Abstract
Ammonia oxidation by microorganisms is a rate-limiting step of the nitrification process and determines the efficiency of fertilizer utilized by crops. Little is known about the dynamic response of ammonia-oxidizers to different fertilization regimes in a wheat-rice rotation system. Here, we examined ammonia-oxidizing bacteria (AOB) and archaea (AOA) communities across eight representative stages of wheat and rice growth and under four fertilization regimes: no nitrogen fertilization (NNF), chemical fertilization (CF), organic-inorganic mixed fertilizer (OIMF) and organic fertilization (OF). The abundance and composition of ammonia oxidizers were analyzed using quantitative PCR (qPCR) and terminal restriction fragment length polymorphism (T-RFLP) of their amoA genes. Results showed that fertilization but not plant growth stages was the best predictor of soil AOB community abundance and composition. Soils fertilized with more urea-N had higher AOB abundance, while organic-N input showed little effect on AOB abundance. 109 bp T-RF (Nitrosospira Cluster 3b) and 280 bp T-RF (Nitrosospira Cluster 3c) dominated the AOB communities with opposing responses to fertilization regimes. Although the abundance and composition of the AOA community was significantly impacted by fertilization and plant growth stage, it differed from the AOB community in that there was no particular trend. In addition, across the whole wheat-rice rotation stages, results of multiple stepwise linear regression revealed that AOB played a more important role in ammonia oxidizing process than AOA. This study provided insight into the dynamic effects of fertilization strategies on the abundance and composition of ammonia-oxidizers communities, and also offered insights into the potential of managing nitrogen for sustainable agricultural productivity with respect to soil ammonia-oxidizers.
Highlights
Ammonia oxidation by microorganisms is the first step of nitrification
By using a multiple stepwise linear regression, bacterial amoA gene abundance was the best predictor for soil potential nitrification rate (PNR) explaining 48.7% (P < 0.001) of the PNR variation, whereas archaeal amoA gene abundance only accounted for 6.7% of the variation; soil properties of soil organic carbon content (SOC), NH+4, NO−3, soil moisture and soil pH played significant (P < 0.05) roles in the variation of PNR, which accounted for 11.5, 7.9, 1.6, 1.3, and 1.9%, respectively
The results showed that soil electrical conductivity (EC), pH, SOC, AK, total N content (TN), NO−3, and NH+4 contents were the important (P < 0.05) soil properties influencing the ammonia-oxidizing bacteria (AOB) community composition, and the AOA composition were driven by all the soil properties
Summary
Ammonia oxidation by microorganisms is the first step of nitrification.
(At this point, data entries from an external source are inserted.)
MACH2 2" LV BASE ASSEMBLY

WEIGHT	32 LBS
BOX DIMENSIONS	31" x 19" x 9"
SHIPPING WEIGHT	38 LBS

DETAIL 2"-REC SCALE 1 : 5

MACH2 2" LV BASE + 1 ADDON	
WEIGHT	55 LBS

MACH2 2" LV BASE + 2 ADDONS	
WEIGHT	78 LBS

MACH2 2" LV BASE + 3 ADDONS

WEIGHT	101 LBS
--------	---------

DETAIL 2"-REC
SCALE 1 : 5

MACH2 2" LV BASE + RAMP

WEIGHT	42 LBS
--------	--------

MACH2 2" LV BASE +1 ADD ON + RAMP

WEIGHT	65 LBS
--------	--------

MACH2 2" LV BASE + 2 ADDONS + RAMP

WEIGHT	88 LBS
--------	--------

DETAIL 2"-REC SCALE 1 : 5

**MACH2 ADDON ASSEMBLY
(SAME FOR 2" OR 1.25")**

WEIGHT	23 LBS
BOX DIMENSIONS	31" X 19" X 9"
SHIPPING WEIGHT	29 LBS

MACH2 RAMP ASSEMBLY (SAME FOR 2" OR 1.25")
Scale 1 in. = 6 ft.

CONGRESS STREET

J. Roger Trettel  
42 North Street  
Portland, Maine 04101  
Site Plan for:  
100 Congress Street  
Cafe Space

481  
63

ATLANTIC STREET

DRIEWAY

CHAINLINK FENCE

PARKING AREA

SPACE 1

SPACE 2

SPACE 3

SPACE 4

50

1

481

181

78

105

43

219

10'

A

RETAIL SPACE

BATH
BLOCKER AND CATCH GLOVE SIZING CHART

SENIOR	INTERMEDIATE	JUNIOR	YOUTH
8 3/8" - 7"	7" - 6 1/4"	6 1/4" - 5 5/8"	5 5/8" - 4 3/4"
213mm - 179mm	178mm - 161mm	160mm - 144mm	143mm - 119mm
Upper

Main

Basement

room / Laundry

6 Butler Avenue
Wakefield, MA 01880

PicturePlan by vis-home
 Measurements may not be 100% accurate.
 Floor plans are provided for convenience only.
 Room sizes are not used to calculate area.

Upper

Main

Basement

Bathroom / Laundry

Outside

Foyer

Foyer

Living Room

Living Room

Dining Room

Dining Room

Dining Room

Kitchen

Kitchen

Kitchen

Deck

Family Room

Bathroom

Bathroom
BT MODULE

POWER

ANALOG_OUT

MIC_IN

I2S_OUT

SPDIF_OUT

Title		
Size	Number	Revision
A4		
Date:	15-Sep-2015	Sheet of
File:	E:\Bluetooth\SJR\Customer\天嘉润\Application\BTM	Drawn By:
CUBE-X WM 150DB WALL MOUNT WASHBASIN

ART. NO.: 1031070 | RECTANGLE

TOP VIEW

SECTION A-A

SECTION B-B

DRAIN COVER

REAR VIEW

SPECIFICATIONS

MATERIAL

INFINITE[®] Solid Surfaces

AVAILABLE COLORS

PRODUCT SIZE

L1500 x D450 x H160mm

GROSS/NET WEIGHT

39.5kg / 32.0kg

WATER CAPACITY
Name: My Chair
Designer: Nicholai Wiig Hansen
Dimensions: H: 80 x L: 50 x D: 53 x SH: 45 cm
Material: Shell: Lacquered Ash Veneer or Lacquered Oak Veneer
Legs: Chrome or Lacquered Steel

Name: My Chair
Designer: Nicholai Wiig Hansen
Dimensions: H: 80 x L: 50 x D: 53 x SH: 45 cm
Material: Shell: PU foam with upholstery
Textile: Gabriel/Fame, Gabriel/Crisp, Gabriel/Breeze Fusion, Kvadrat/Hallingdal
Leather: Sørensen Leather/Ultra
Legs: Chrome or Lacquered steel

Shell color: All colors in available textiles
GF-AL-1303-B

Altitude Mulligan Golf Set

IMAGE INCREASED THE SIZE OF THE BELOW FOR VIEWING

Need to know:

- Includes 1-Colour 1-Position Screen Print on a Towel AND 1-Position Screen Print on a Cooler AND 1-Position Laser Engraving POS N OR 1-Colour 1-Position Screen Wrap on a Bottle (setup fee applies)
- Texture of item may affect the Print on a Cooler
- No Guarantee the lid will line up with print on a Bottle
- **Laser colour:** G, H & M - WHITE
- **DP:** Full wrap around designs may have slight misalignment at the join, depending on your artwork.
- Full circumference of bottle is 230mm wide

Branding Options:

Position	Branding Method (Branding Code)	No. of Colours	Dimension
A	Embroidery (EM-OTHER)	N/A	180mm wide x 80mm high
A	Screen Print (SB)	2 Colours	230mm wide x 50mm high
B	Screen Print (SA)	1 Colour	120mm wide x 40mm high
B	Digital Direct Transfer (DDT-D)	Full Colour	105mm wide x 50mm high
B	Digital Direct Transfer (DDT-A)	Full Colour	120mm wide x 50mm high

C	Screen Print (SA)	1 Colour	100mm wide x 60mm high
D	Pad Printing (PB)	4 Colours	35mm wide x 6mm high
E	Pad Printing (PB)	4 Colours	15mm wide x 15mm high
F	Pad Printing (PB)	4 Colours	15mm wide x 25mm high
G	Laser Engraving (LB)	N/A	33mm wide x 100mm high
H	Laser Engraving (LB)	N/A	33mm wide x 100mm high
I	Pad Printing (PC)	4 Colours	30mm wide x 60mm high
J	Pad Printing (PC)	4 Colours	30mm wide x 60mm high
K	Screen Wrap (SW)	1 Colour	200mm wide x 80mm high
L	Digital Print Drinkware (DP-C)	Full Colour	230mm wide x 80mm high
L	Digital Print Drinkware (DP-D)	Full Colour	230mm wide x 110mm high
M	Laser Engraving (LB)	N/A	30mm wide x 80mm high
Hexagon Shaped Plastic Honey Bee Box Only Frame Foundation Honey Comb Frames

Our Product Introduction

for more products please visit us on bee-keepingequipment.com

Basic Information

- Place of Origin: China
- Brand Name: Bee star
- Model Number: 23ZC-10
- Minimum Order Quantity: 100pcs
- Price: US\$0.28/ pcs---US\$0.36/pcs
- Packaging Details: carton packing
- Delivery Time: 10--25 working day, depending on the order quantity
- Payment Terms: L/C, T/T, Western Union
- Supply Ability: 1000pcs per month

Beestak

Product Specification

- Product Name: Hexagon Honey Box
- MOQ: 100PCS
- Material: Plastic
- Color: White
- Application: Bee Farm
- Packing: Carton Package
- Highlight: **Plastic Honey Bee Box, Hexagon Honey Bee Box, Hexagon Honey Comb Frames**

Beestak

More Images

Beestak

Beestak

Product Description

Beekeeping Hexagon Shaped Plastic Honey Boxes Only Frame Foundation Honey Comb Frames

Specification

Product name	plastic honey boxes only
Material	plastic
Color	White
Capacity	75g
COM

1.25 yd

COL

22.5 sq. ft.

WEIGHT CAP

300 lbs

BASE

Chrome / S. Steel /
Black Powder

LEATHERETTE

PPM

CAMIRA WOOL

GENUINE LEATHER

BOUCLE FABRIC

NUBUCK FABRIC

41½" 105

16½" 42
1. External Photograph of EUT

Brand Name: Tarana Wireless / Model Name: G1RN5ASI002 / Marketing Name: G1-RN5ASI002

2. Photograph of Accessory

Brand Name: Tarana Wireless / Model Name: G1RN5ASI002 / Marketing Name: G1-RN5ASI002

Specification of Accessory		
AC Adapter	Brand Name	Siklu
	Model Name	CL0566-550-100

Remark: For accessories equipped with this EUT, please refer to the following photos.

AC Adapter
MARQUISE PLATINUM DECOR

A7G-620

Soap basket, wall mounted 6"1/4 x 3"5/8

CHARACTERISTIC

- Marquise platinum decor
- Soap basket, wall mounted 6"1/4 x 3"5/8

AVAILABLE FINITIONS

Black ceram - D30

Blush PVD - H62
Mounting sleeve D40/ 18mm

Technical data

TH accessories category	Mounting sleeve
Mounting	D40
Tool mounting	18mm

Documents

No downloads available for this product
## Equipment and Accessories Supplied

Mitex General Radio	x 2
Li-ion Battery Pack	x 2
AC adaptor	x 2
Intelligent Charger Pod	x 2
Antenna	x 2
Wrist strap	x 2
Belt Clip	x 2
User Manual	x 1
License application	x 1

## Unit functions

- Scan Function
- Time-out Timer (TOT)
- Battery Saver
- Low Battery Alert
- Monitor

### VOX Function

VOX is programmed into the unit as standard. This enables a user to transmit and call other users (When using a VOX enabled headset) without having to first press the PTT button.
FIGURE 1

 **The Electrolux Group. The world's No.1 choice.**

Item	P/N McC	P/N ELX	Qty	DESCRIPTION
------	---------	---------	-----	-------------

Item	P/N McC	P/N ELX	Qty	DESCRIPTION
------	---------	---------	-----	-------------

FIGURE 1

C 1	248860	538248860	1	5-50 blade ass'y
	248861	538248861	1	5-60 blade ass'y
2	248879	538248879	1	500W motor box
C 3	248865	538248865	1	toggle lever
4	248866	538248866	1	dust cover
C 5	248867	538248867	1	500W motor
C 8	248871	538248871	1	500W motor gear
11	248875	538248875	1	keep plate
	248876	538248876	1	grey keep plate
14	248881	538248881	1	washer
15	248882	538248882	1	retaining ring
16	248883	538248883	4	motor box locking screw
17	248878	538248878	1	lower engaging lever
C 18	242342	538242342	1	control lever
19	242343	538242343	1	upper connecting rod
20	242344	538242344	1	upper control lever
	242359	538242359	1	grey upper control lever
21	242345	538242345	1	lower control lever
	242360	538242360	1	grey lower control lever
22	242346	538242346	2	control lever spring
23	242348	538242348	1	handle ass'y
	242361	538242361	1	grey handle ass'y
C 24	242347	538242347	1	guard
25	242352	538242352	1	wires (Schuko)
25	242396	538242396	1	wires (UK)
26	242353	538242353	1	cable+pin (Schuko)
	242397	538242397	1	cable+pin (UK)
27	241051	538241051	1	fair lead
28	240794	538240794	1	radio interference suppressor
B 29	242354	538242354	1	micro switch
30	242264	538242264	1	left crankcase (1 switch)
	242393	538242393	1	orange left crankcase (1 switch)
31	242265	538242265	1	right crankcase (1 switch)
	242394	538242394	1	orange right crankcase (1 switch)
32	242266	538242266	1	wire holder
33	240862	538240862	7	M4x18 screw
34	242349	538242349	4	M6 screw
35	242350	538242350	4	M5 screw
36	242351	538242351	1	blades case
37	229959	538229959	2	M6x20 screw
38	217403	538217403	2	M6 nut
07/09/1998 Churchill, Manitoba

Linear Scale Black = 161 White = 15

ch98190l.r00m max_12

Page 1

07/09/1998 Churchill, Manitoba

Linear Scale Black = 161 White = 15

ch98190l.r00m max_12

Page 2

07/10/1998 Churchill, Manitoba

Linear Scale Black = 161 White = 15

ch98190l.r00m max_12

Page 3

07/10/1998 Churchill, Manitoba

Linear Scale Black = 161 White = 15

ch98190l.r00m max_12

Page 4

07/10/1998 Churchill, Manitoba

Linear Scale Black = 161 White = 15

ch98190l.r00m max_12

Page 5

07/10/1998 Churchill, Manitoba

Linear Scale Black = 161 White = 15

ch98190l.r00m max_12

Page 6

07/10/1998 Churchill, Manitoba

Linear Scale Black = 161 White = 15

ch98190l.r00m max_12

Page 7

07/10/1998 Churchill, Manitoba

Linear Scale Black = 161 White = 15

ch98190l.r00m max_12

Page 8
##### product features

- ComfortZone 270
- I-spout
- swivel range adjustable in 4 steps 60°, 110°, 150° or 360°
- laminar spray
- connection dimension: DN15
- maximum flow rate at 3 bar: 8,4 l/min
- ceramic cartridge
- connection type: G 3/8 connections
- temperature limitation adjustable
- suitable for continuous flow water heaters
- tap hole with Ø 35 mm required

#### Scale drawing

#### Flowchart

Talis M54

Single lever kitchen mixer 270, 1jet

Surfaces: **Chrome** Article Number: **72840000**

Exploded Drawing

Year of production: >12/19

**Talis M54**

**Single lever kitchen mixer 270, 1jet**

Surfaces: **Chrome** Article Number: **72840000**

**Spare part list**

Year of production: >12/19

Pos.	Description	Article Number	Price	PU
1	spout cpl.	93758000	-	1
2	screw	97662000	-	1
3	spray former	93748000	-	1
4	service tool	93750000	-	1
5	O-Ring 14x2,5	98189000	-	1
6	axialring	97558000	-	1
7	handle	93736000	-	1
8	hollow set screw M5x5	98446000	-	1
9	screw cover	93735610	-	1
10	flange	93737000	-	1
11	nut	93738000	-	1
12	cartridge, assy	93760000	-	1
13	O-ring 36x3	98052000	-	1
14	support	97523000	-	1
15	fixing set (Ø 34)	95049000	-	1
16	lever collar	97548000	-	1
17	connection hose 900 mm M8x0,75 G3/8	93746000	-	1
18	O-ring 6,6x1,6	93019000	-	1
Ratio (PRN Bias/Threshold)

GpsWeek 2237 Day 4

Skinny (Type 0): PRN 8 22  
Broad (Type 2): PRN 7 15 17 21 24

It is a rate-limiting step of the nitrification process and influences the efficiency of fertilizer utilized by crops (Kowalchuk and Stephen, 2001). Ammoniaoxidizing bacteria (AOB) of the β- and γ- subclasses of Proteobacteria were thought to be the exclusively contributor to this key process. This view was challenged by the discovery of the function and transcription of the amoA gene in archaeal ammonia-oxidizer (AOA) (Könneke et al, 2005; Treusch et al, 2005; Prosser and Nicol, 2008). AOA might play a dominant role in the nitrification process in soils with low ammonia content, high acidity, or low oxygen conditions (Zhang et al, 2010, 2012), while AOB may contribute more to the nitrification process in neutral of alkaline soils, or in soils with a higher ammonia content (Shen et al, 2012; Ke et al, 2013)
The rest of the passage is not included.